Next, the expression of cell cycle-, autophagy- and apoptosis-related proteins in PC3 and LNCaP cells was measured. After 6, 24 and 48 h of incubation, GSK650394 upregulated the expression of p21 (Figure 2F), which is also known as a cyclin-dependent kinase (CDK) inhibitor that can inhibit the formation of the cyclin-CDK complex, which leads to G2/M cell cycle arrest (Xiong et al, 1993). In addition, after treatment, immunoblotting revealed steady conversion of cytosolic MAP1LC3B-I/LC3B-I (microtubule-associated protein 1 light chain 3 β-I) to autophagosome-associated MAP1LC3B-II/LC3B-II (microtubule-associated protein 1 light chain 3 β-II) (Figure 2F), a well-known marker of autophagosome assembly (Kaufmann et al, 2014). Moreover, to detect the effect of GSK650394 on autophagic flux, the expression of SQSTM1 (sequestosome 1), also known as p62, a selective substrate of autophagy (Moscat and Diazmeco, 2009), was measured. The level of p62 reduced gradually in a time-dependent manner when the cells were treated with GSK650394, suggesting an enhanced autophagic flux (Figure 2F). In contrast, the level of cleaved PARP increased gradually in a time-dependent manner, but PARP cleavage was not induced at the 6 h treatment time point. All in all, based on the above results, we demonstrated that GSK650394 simultaneously induced G2/M cell cycle arrest, autophagy and apoptosis. Furthermore, autophagy precedes apoptosis in GSK650394-treated PCa cells, but the relationship between GSK650394-induced autophagy and apoptosis needs to be further investigated.

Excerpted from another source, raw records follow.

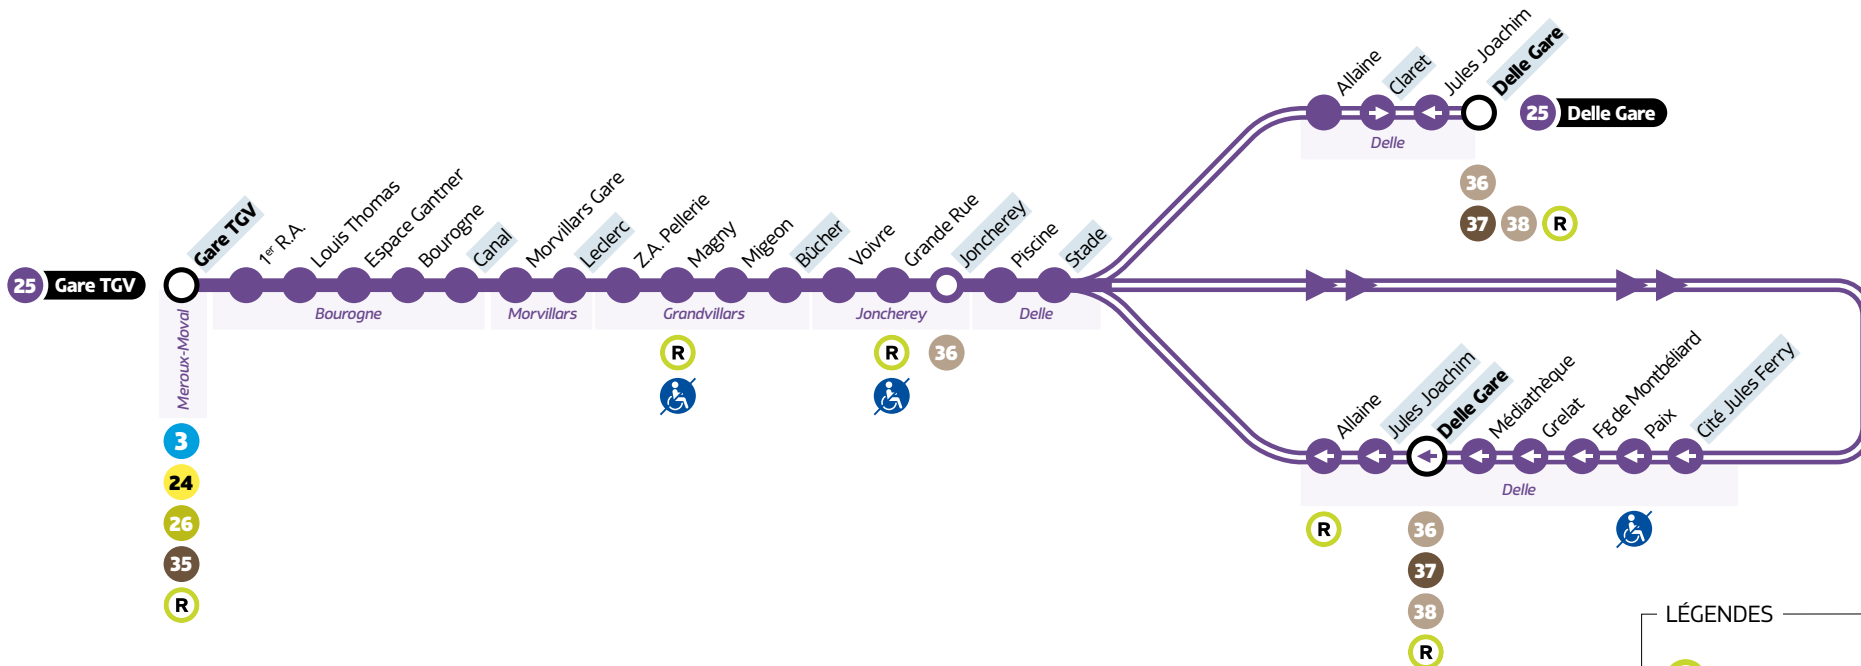

25

Delle ↔ Gare TGV

- LÉGENDES
- Relais Optymo
 - Arrêt à correspondance
 - Terminus
 - Arrêts indiqués dans les tableaux horaires
 - Arrêt non accessible
 - Dessertes à certaines heures
 - Desservi que dans un sens (la flèche indique la direction)

MEROUX-MOVAL
DELLE → **GARE TGV**

									Passage régulier à			Passage régulier à			
Delle	Cité Jules Ferry			06:48		07:48		08:48		h:48	15:48		h:48		
Delle	Delle Gare	05:29	06:29	06:56	07:23	07:56	08:29	08:56		h:56	15:56	16:29	h:56	h:29	19:29
Delle	Jules Joachim	05:29	06:29	06:56	07:23	07:56	08:29	08:56		h:56	15:56	16:29	h:56	h:29	19:29
Delle	Stade	05:31	06:31	07:00	07:25	08:00	08:31	09:00		h:00	16:00	16:31	h:00	h:31	19:31
Joncherey	Joncherey	05:34	06:34	07:03	07:28	08:03	08:34	09:03		h:04	16:03	16:34	h:03	h:34	19:34
Grandvillars	Bûcher	05:38	06:38	07:07	07:32	08:07	08:38	09:07		h:07	16:07	16:38	h:07	h:38	19:38
Morvillars	Leclerc	05:42	06:42	07:11	07:36	08:11	08:42	09:11		h:11	16:11	16:42	h:11	h:42	19:42
Bourogne	Canal	05:45	06:45	07:14	07:39	08:14	08:45	09:14		h:14	16:14	16:45	h:14	h:45	19:45
Meroux	Gare TGV	05:51	06:51	07:20	07:45	08:20	08:51	09:20		h:20	16:20	16:51	h:20	h:51	19:51

MEROUX-MOVAL
GARE TGV → **DELLE**

									Passage régulier à			Passage régulier à			
Meroux	Gare TGV	07:00	07:26	08:06	08:26					h:26	15:26	16:06	h:26	h:06	20:06
Bourogne	Canal	07:06	07:31	08:11	08:31					h:31	15:31	16:11	h:31	h:11	20:11
Morvillars	Leclerc	07:08	07:34	08:14	08:34					h:34	15:34	16:14	h:34	h:14	20:14
Grandvillars	Bûcher	07:13	07:39	08:19	08:39					h:39	15:39	16:19	h:39	h:19	20:19
Joncherey	Joncherey	07:17	07:43	08:23	08:43					h:43	15:43	16:23	h:43	h:23	20:23
Delle	Stade	07:19	07:45	08:25	08:45					h:45	15:45	16:25	h:45	h:25	20:25
Delle	Claret	07:21		08:27								16:27		h:27	20:27
Delle	Cité Jules Ferry		07:48		08:48					h:48	15:48		h:48		
Delle	Delle Gare	07:23	07:56	08:29	08:56					h:56	15:56	16:29	h:56	h:29	20:29

GSK650394-induced autophagy contributes to caspase-dependent apoptosis through intrinsic pathways

A complicated interplay exists between autophagy and apoptosis that is highly dependent on the cellular environment or the stimulus (Roos et al, 2016). To discern the relationship between GSK650394-induced autophagy and apoptosis, a vitality assay was performed with PC3 and LNCaP cells pretreated with 5 mM 3MA, 10 μ M CQ, 20 μ M z-VAD-fmk or vehicle alone before the addition of GSK650394. Treatment with 3MA significantly decreased GSK650394-induced AO puncta (Figure 3B and C) and GSK650394-dependent LC3-I to LC3-II conversion, as expected (Figure 3F). Moreover, the inhibition of autophagy by 3MA or CQ antagonised the inhibitory effects of GSK650394 on cell viability (Figure 3A), thus suggesting that, at least in PC3 and LNCaP cells, GSK650394-dependent SGK1 inhibition activated cytotoxic autophagy, which can be inhibited to restore cell viability. To further demonstrate whether GSK650394-triggered autophagy inhibits or promotes apoptosis, PC3 cells in which autophagy was suppressed by 3MA with or without GSK650394 treatment underwent a flow cytometry apoptosis assay, as shown in Figure 3D and E, and 3MA-mediated autophagy inhibition moderately abrogated GSK650394-induced apoptosis, which was consistent with the reduced cleaved caspase-3 and PARP cleavage (Figure 3F). Subsequently, the effect of inhibition of apoptosis on autophagy was determined. As seen in Figure 3B and C, z-VAD-fmk had a minimal effect on the number of AO-staining red acidic vesicles induced by GSK650394, in accordance with the expression of LC3-II (Figure 3F). However, after pretreatment with z-VAD-fmk, a portion of the cell vitality was successfully restored (Figure 3A), and apoptosis was nearly abrogated in GSK650394-treated PCa cells as expected (Figure 3D and E). Reduced caspase-3 and PARP cleavage further demonstrated that z-VAD-fmk completely diminished GSK650394-mediated apoptotic activity (Figure 3F), indicating that GSK650394-induced apoptosis is caspase-dependent.

Figure 3
figure 3

GSK650394-induced autophagy contributes to caspase-dependent apoptosis through intrinsic pathways. (A) PC3 and LNCaP cells were incubated with or without 160 μ M GSK650394 (G 160) for 48 h after 2 h of pretreatment with 5 mM 3MA (an inhibitor of early autophagy), 10 μ M chloroquine (CQ, an inhibitor of acidification of lysosomes and autophagosomes) or 20 μ M z-VAD-fmk (an irreversible pan-caspase inhibitor). Then, cell viability was analysed by a CCK8 assay. (B–F) PC3 cells were treated as in a, except no cells were treated with CQ. Autophagy activity was determined with AO staining (B) and quantified; *P<0.05 vs G 160 treatment (C). Cell apoptosis was analysed by flow cytometry (D) and quantified (E). Whole-cell lysates were immunoblotted and probed with LC3-I/II, cleaved caspase-3 (Casp.3), PARP, PARP (CL) and GAPDH, as the loading control (F). (G) PC3 cells were treated with G 160 or DMSO for 48 h, and western blot analysis was performed to measure the expression of Fas, FasL, Bax, Bcl-2, cleaved caspase-8, cleaved caspase-9 and GAPDH. The results are expressed as the mean±s.d. from three independent experiments. *P<0.05.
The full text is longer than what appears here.